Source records
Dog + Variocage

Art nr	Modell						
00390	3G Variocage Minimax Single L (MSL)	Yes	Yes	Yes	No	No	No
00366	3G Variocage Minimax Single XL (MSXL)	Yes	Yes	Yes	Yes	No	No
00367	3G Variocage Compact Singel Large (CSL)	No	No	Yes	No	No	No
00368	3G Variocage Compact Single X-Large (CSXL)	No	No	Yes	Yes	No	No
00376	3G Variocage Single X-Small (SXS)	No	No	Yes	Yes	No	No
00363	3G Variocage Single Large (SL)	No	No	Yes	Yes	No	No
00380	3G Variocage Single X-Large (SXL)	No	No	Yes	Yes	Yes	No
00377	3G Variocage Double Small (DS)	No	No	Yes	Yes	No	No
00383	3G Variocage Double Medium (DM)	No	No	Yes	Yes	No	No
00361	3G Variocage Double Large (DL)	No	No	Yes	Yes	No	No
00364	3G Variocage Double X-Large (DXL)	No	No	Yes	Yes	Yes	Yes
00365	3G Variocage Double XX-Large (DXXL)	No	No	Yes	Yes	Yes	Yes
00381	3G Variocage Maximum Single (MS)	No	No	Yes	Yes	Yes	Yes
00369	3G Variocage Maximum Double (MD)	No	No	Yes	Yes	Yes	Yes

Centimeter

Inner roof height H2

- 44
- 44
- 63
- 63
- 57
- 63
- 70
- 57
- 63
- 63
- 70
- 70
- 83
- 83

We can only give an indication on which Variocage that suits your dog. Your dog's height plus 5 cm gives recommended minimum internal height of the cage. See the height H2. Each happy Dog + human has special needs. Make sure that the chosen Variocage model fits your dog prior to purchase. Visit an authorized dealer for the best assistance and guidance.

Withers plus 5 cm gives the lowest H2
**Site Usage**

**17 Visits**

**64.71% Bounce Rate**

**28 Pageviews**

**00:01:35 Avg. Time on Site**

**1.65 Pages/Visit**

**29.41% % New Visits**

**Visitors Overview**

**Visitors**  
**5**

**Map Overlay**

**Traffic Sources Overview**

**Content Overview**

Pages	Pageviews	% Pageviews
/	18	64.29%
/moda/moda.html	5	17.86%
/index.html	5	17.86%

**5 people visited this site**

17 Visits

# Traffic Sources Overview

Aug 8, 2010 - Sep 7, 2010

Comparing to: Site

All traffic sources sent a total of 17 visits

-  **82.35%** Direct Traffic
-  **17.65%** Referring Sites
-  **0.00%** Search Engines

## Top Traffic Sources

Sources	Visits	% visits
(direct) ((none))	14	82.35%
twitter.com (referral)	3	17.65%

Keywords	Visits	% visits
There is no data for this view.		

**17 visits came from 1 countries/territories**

...

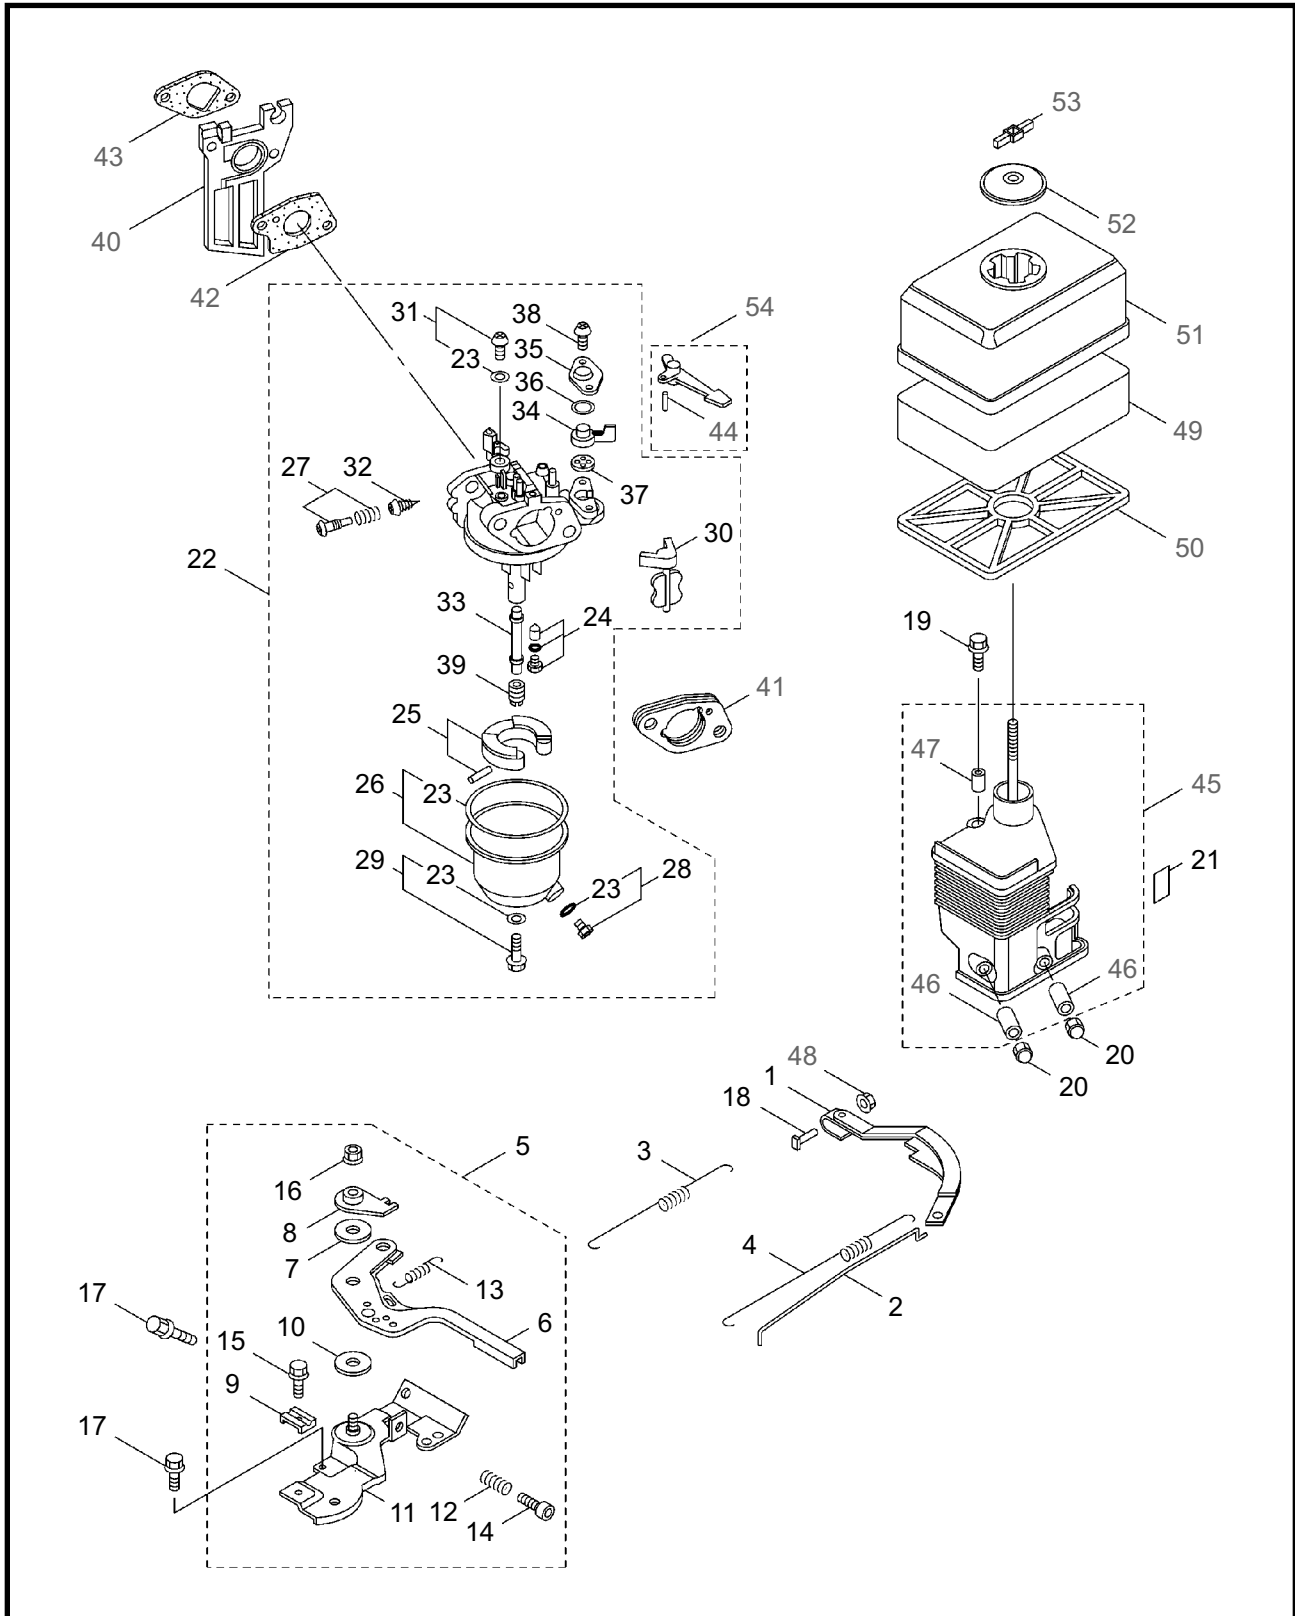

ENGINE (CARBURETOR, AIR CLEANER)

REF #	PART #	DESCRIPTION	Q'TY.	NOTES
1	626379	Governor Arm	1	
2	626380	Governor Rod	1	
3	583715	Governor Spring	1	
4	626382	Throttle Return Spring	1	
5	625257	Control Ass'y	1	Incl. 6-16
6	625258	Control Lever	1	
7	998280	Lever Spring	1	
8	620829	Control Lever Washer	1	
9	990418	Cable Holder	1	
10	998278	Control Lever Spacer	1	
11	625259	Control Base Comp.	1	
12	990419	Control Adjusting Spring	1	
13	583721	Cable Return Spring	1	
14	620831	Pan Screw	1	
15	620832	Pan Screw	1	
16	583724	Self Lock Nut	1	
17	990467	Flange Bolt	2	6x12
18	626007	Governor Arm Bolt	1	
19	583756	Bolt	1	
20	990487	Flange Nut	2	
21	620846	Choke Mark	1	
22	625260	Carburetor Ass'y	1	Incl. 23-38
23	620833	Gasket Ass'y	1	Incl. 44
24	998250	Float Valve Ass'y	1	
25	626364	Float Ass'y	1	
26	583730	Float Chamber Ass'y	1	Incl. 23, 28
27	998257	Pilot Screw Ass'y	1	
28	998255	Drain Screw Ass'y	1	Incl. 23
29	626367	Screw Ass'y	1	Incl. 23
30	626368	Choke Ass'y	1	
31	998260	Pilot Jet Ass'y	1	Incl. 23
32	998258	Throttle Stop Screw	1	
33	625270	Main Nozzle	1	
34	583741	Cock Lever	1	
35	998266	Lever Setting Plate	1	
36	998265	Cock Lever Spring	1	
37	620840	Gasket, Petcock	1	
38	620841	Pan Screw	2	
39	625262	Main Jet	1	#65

* [AIM OF THE TASK] Search the data and copy each line containing "Bolt".

* [YOUR RESPONSE]
17	990467	Flange Bolt	2	6x12
18	626007	Governor Arm Bolt	1	
19	583756	Bolt	1	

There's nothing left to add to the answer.